Unlike SQLite, neither MySQL nor Postgres offer an exact equivalent of BEGIN IMMEDIATE
. However, similar behavior can
be achieved by acquiring an explicit lock at the start of the transaction. We simply issue a SELECT ... FOR UPDATE
on a known, singleton, row. This ensures that only one transaction proceeds at a time, effectively emulating SQLite’s
“one writer at a time” behavior.
The other property that we rely on, namely “snapshot isolation”, is also present (and is the default) in MySQL and Postgres.
The fact that these databases are in the client/server model may also mean that they’re more slow to write to than SQLite, which could make the global write lock more of a bottleneck. This is something that will need to be monitored as the system grows.
That said, full global locking is likely unnecessary for most real-world workloads. The database tables in Bugsink that are involved in the event ingestion process are already partitioned by project, and most other tables are as well. This allows for a project-level global write-lock strategy for these databases, which would allow for more parallelism than SQLite’s global write lock.
Conclusion
Bugsink’s transaction model is designed to be simple, stable, and efficient. By embracing SQLite’s limitations and building around them, the system avoids many of the pitfalls that can come with more complex transaction models.

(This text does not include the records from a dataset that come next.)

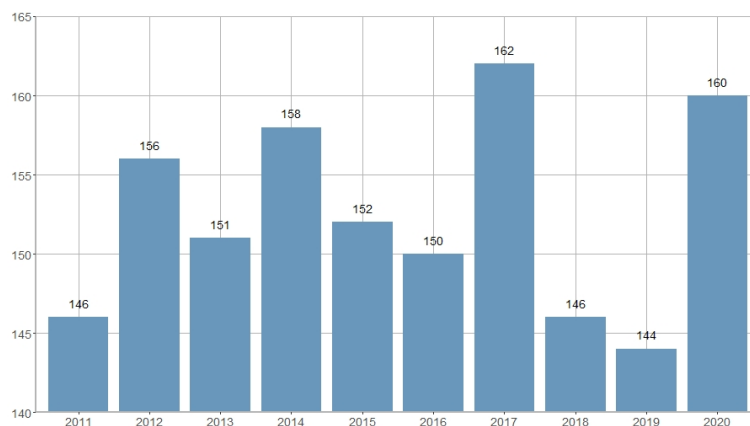

Número de días con temperatura máxima superior o igual a 25 °C / Nombre de dies amb temperatura màxima superior o igual a 25 °C

2013	2014	2015	2016	2017	2018	2019	2020	2021	2022
151	158	152	150	162	146	144	160	149	172

Nombre del Indicador: Número de días con temperatura máxima superior o igual a 25 °C	Nom de l'Indicador: Nombre de dies amb temperatura màxima superior o igual a 25 °C
Código: 01051060	Codi: 01051060
Tema: Características Físicas y Medio Ambiente	Tema: Característiques Físiques i Medi Ambient
Subtema: Climatología	Subtema: Climatologia
Definición y forma de cálculo: Número de días del año de referencia con temperatura máxima diaria mayor o igual de 25 °C.	Definició i forma de càlcul: Nombre de dies de l'any de referència amb temperatura màxima diària major o igual de 25 °C.
Fuentes de la Información: Agencia Estatal de Meteorología	Fonts de la Informació: Agència Estatal de Meteorologia
Periodicidad de Actualización: Anual	Periodicitat d'Actualització: Anual
Unidades de medida:	Unitats de mesura:
Observaciones e Interpretación: Temperatura leída en un termómetro expuesto al aire y protegido de la radiación solar. Los datos se han obtenido de la estación manual ubicada en los Jardines Municipales de Viveros de la ciudad de València, de coordenadas 39° 28' 50" N y 00° 21' 59" O e identificador 8416.	Observacions i Interpretació: Temperatura llegida en un termòmetre exposat a l'aire i protegit de la radiació solar. Les dades s'han obtingut de l'estació manual situada als Jardins Municipals de Vivers de la ciutat de València, de coordenades 39° 28' 50" N i 00° 21' 59" O i identificador 8416.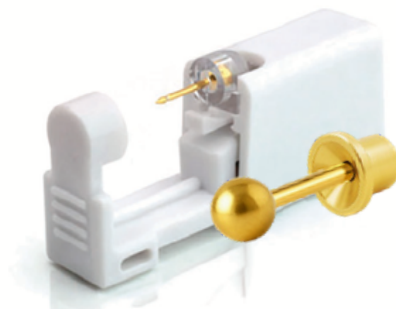

Además, todos los dispositivos se suministran esterilizados mediante óxido de etileno, lo que garantiza unas condiciones óptimas de esterilidad.

KOMMO

Cierre de tapón Sistema Dermacap™

Dermacap™ es un nuevo desarrollo en sistemas de cierre para pendientes de primera puesta en perforación del lóbulo de la oreja. Su diseño está pensado para mejorar la **seguridad del bebé**, evitando que la punta del pendiente entre en contacto con la piel. Al minimizar el roce, Dermacap™ contribuye a reducir posibles irritaciones.

Esta nueva línea incorpora 3 modelos **pediátricos** con un largo de **9 mm** para una mayor **comodidad** y **seguridad** de los más pequeños.

KOMMO

Baño de Oro 24K sobre Acero Inox. Grado Médico

KM022

KM023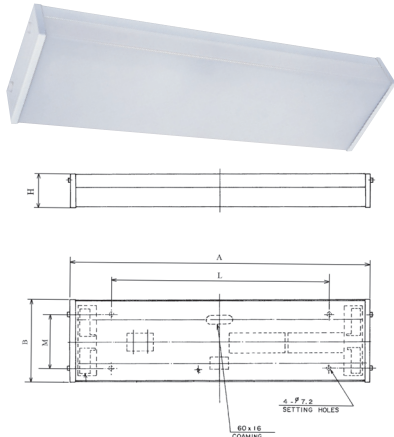

蛍光天井灯

45シリーズ N9.5 IP56 5~45℃

防水埋込形グローブ付 FLC-2245

コネクション

・16φブッシングx2
端子台：JISF8812/O-20-2P/4P

オプション

- ・IEC 管球仕様
- ・高効率仕様
- ・50Hz仕様
- ・グローブ：透明及びダイアカット仕様
- ・SUS製生産可能
- ・20W以上ラピットスタート方式
- ・R(予備灯付)

標準仕様

・低効率、グロースター方式、電球別

材質

・灯体：鉄製
・グローブ：アクリル(透明)

適合電球

・JIS 蛍光管球：G13 20W

形 式	電圧/周波数別 コードNo			保護形式 IP	重量 kg
	AC100V60Hz	AC115V60Hz	AC220V60Hz		
FLC-2145 / R	A15010055 / A15010058	A150100551 / A150100581	A150100550 / A150101601	IP56	2.6
FLC-2245 / R	A15010085 / A15010088	A150100853 / A150100883	A150100854 / A150100884	IP56	3.2

44/49シリーズ N9.5 IP20 5~45℃

非防水表面形グローブ付 FLC-2244

非防水埋込形グローブ付 FLC-2249

標準仕様

・低効率、グロースター方式、電球別

材質

・灯体：鉄製
・グローブ：アクリル(乳白)

適合電球

・JIS 蛍光管球：G13 20W / 40W

コネクション

・コーミング
端子台：JISF8812/O-20-2P/4P

オプション

- ・IEC 管球仕様
- ・高効率仕様
- ・50Hz仕様
- ・グローブ：透明及びダイアカット仕様
- ・反射板付
- ・20W以上ラピットスタート方式
- ・R(予備灯付)

形 式	寸法(mm)				
	A	B	L	M	H
FLC-2144	662	182	480	120	75
FLC-2244	662	182	480	120	75
FLC-2344	662	300	480	250	75
FLC-4144	1272	182	550	120	75
FLC-4244	1272	182	550	120	75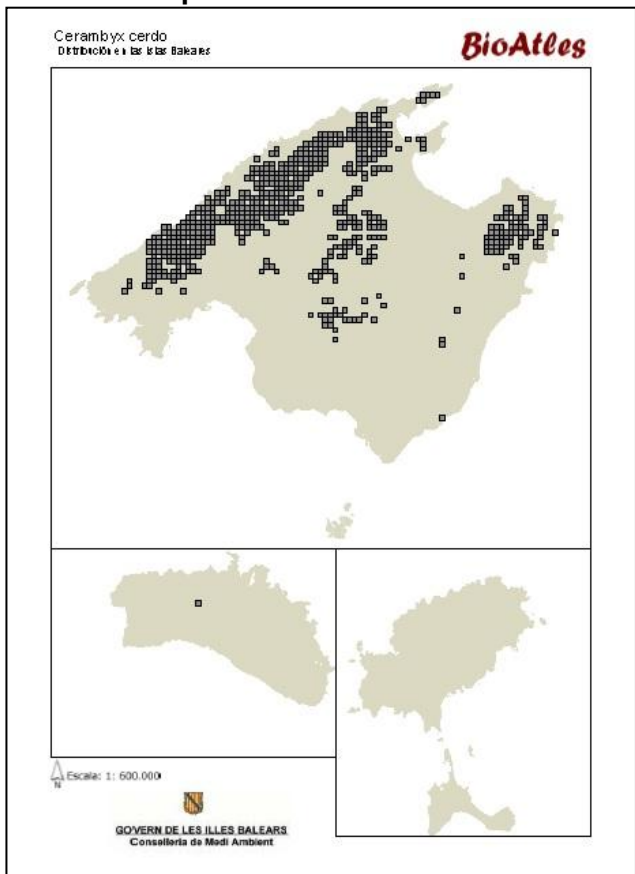

Govern de les Illes Balears

Conselleria de Medi Ambient, Agricultura i Pesca
Direcció General d'Espais Naturals i Biodiversitat

ANEJO FOTOS DEL GRAN CAPRICORNIO DE LA ENCINA (*Cerambyx cerdo*)

11.- Mapas

1. Localización *cerambyx* en Baleares

2. Mapa de afectación *Cerambyx* Mallorca

Government de les Illes Balears

Conselleria de Medi Ambient, Agricultura i Pesca
Direcció General d'Espais Naturals i Biodiversitat

ANEJO FOTOS DEL GRAN CAPRICORNIO DE LA ENCINA (*Cerambyx cerdo*)

14.- Mapas

3. Puntos de muestra de Menut

4. Mapa muestro Menut

5. Mapa daños Menut colores y niveles

6. Mapa Binifaldó

The model is built around the idea of a single writer at a time, which simplifies the system and ensures that writes are always consistent. This approach is particularly well-suited to the event-processing nature of Bugsink, where most writes are sequential and can be handled in a single transaction.
The model has been successfully extended to support MySQL and Postgres, with only minimal changes required. The core principles of the model remain the same, and the system continues to operate efficiently and predictably.
If you’re considering using SQLite in a production system, or if you’re looking for a simple, reliable transaction model for your application, Bugsink’s approach is a good place to start.